> HOW TO COMPLETE THIS TASK
Reproduce exactly, and solely, the lines running from the top of the data below through the line with "GLAZING CHANNEL SUPPLIED", both inclusive. Omit pictures.

> TASK INPUT
━━━━━━━━
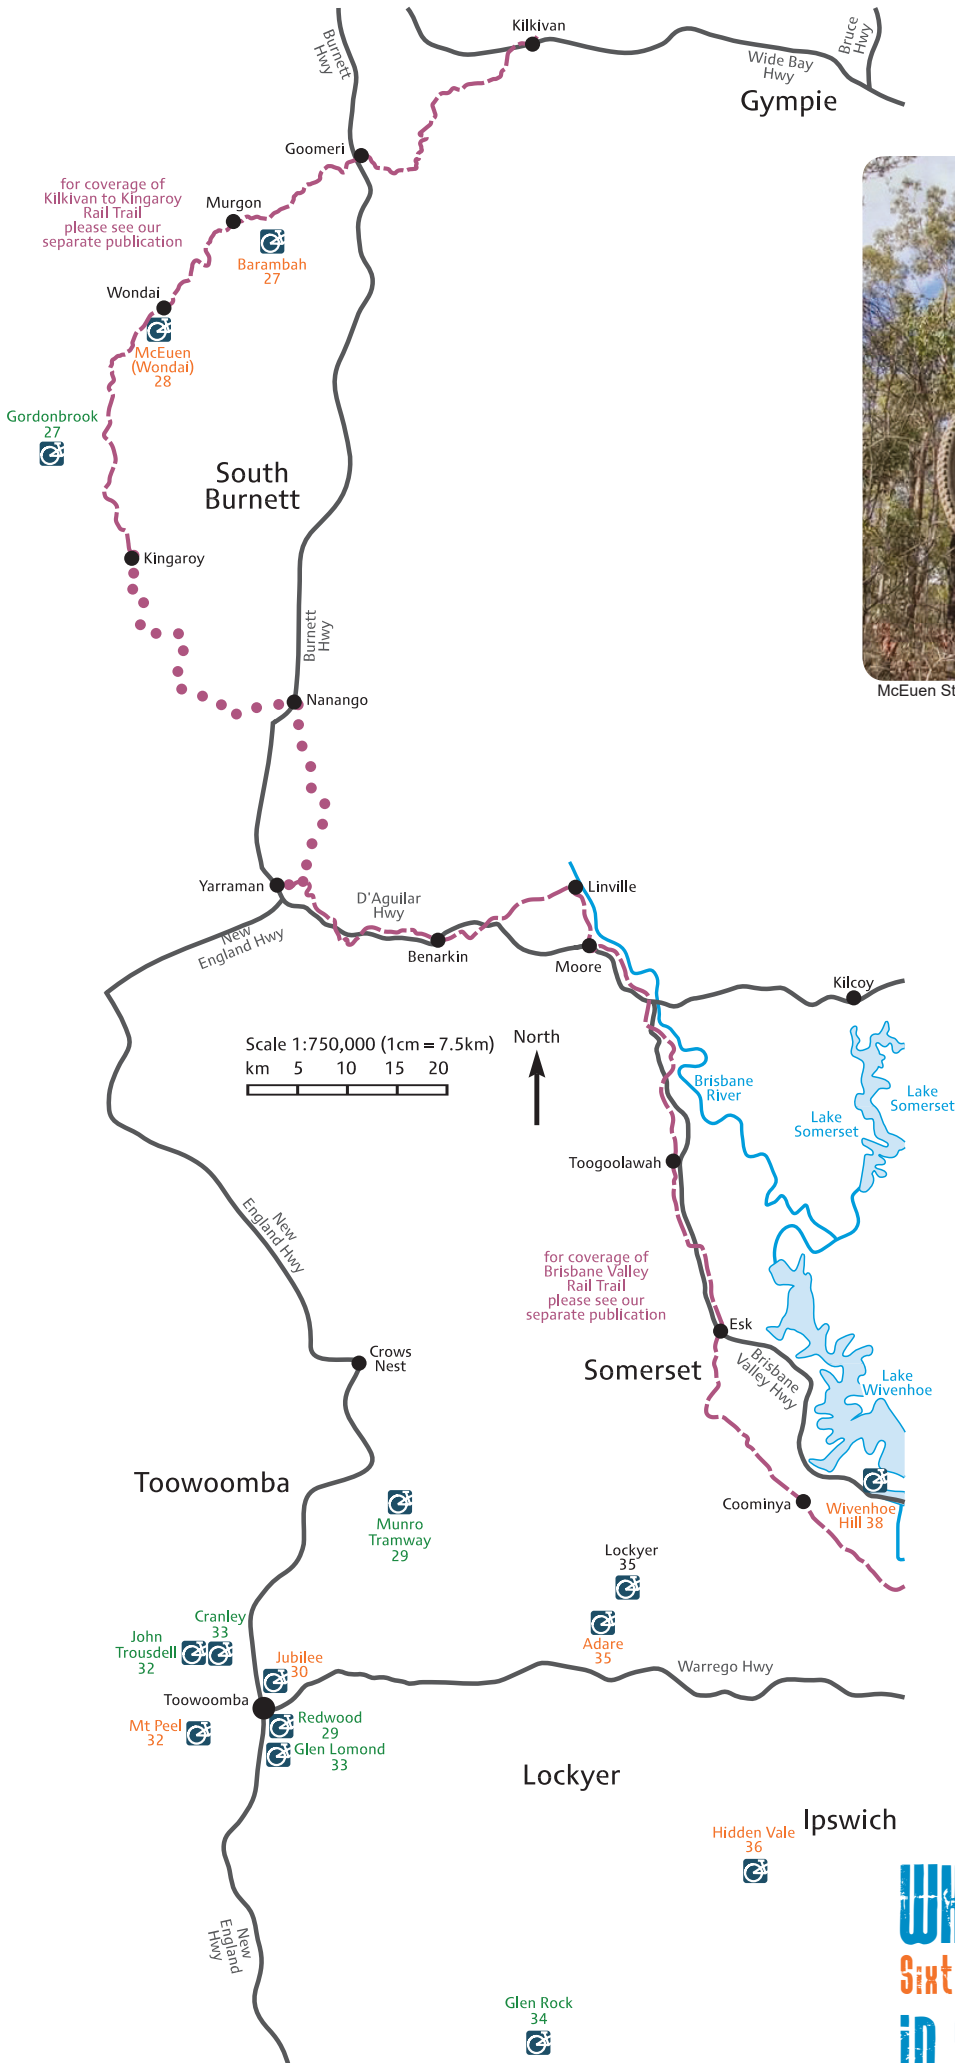

Western Region

McEuen State Forest at Wondai photo by Dylan Provan Visuals

South East Queensland MTB racing © Daimon Wright

Jubilee Park © Element Photo and Video Productions

WHERE TO MOUNTAIN BIKE
 Sixth Edition fully revised and expanded
IN SOUTH EAST QUEENSLAND
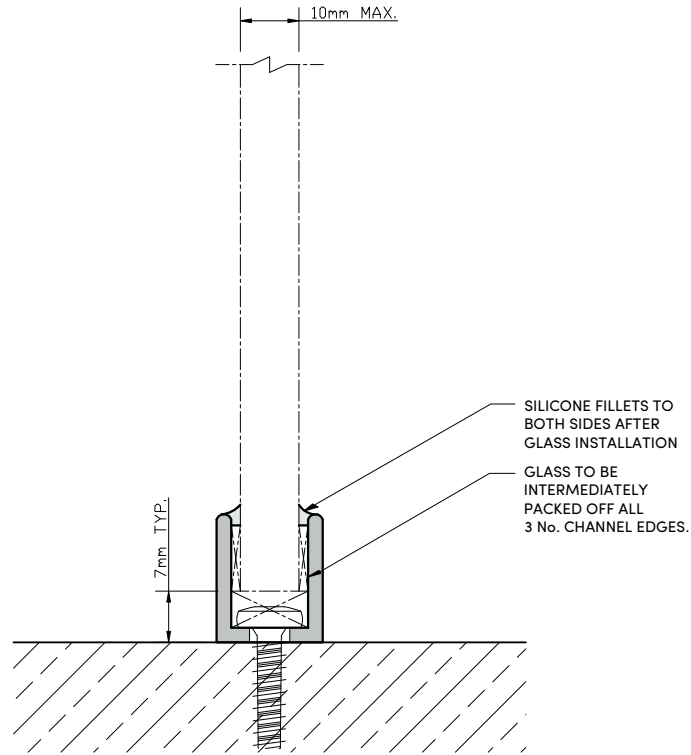

**GLAZING DETAIL
ON CHANNEL**

Express Glass Warehouse
51-55 Fowler Road,
Hainault, Essex
IG6 3UT

Tel: +44 (0)20 8500 1188
Fax: +44 (0)20 8500 1010
Email: info@egw.co.uk
Website: www.egw.co.uk

Copyright (C) - October 2020, All Rights Reserved

NOTES/SPECIFICATION:

GLAZING CHANNEL SUPPLIED IN ELECTRO-POLISHED, EXTRUDED ALUMINIUM WITH PLASTIC PACKERS.

GLAZING CHANNEL SUITABLE FOR UP TO 10mm GLASS

GLAZING CHANNEL REQUIRES CUTTING AND DRILLING TO SUIT DESIGN REQUIREMENTS ON SITE.

(NOTE CUSTOMER TO PROVIDE REQUIRED FIXINGS)
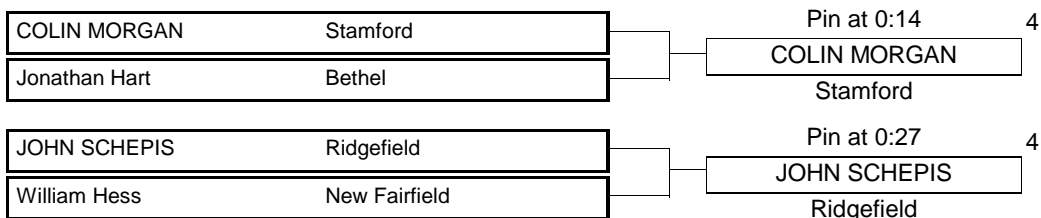

SECOND PLACE 7
COLIN MORGAN
Stamford

ROUND 2

THIRD PLACE 5
William Hess
New Fairfield

FOURTH PLACE 3
Jonathan Hart
Bethel

ROUND 3

[Underlined numbers, if shown, are PLACE POINTS]

4TH & 5TH

311.0
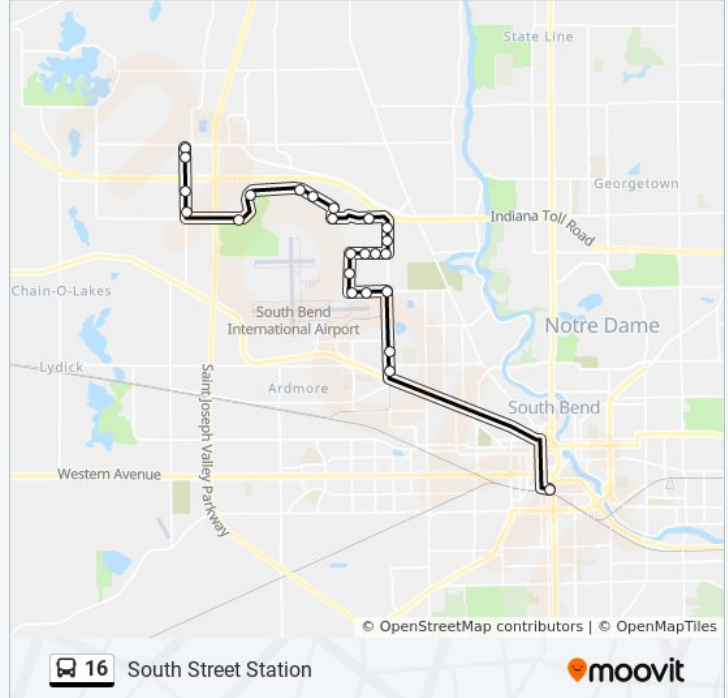

Direction:

24 stops

[VIEW LINE SCHEDULE](#)

- Olive & Brick
- Olive Rd (Before Bridge)
- Olive & Enterprise
- Olive Rd at Hilti Distribution
- Old Cleveland Rd at Nephrology
- South Bend Career Academy at Nimitz Parkway
- Nimitz Pkwy at Mge
- Nimitz Pkwy at Schafer Gear Works
- Nimitz Pkwy & Trade Dr
- South Bend Community Re-Entry Center
- Nimitz Pkwy & Kenmore St
- Bendix Dr & Sugar Maple Ln (North)
- Bendix Dr & Sugar Maple Ln (South)
- Boland & Kenmore
- Boland & Kenmore
- Boland at Logan Industries
- Boland & Foundation Dr
- Boland & Foundation Ct
- Lathrop & Foundation Dr
- Lathrop at North American Signs/Mccormick
- Lathrop & Bendix Dr
- Bendix & Keller

16 bus Info

Direction:

Stops: 24

Trip Duration: 30 min

Line Summary:

Bendix Dr at Mcdonalds

South Street Station

Direction:

24 stops

[VIEW LINE SCHEDULE](#)

South Street Station

Lincolnway & Bendix Dr

Bendix & Voorde

Bendix & Lathrop

Lathrop at N. American Signs/Mccormick

Lathrop & Foundation

Cleveland & Deahl

Ralph Jones Dr at Federal Mogul

William Richardson Dr & Ralph Jones Ct

Ralph Jones Dr & Megan Beeler Ct

16 bus Time Schedule

Route Timetable:

Sunday	Not Operational
Monday	7:20 AM - 3:20 PM
Tuesday	7:20 AM - 3:20 PM
Wednesday	7:20 AM - 3:20 PM
Thursday	Not Operational
Friday	7:20 AM - 3:20 PM
Saturday	Not Operational
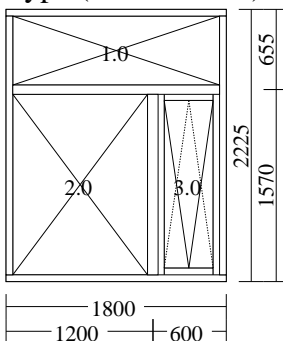

Overall thermal transmittance of unit:  $U_w \pm 0,05 \text{ W/m}^2\text{K}$

**Position : 3**

A-3

Type (outside view).

**Pieces: 1**

Measures: **1700 x 1325**

- 1 Fixed light
- 2 Top Swing with espagnolette

External bottom bead coloured aluminium

Overall thermal transmittance of unit:  $U_w \pm 1,05 \text{ W/m}^2\text{K}$

**Position : 4**

A-4

Type (outside view).

**Pieces: 4**

Measures: **1900 x 1525**

- 1 Fixed light
- 2 Fixed light
- 3 Top Swing with espagnolette

W/Groove for window board & frame ext. 3 sides

External bottom bead coloured aluminium

Overall thermal transmittance of unit:  $U_w \pm 1,08 \text{ W/m}^2\text{K}$

**Position : 5**

A-1/2

Type (outside view).

**Pieces: 9**

Measures: **1800 x 2225**

- 1 Fixed light
- 2 Fixed light
- 3 Top Swing with espagnolette

Colour:RAL 9010 pure white

Sach colour:RAL 9010 pure white

3k4Plth.Fut.+4+4Plth.Fut.-16Ar/18Ar (1.0; 2.0)
━━━━━━━━
> SOLUTION TO THIS EXERCISE
Western Region

McEuen State Forest at Wondai photo by Dylan Provan Visuals

South East Queensland MTB racing © Daimon Wright

Jubilee Park © Element Photo and Video Productions

WHERE TO MOUNTAIN BIKE
 Sixth Edition fully revised and expanded
IN SOUTH EAST QUEENSLAND

**GLAZING DETAIL
ON CHANNEL**

Express Glass Warehouse
51-55 Fowler Road,
Hainault, Essex
IG6 3UT

Tel: +44 (0)20 8500 1188
Fax: +44 (0)20 8500 1010
Email: info@egw.co.uk
Website: www.egw.co.uk

Copyright (C) - October 2020, All Rights Reserved

NOTES/SPECIFICATION:

GLAZING CHANNEL SUPPLIED IN ELECTRO-POLISHED, EXTRUDED ALUMINIUM WITH PLASTIC PACKERS.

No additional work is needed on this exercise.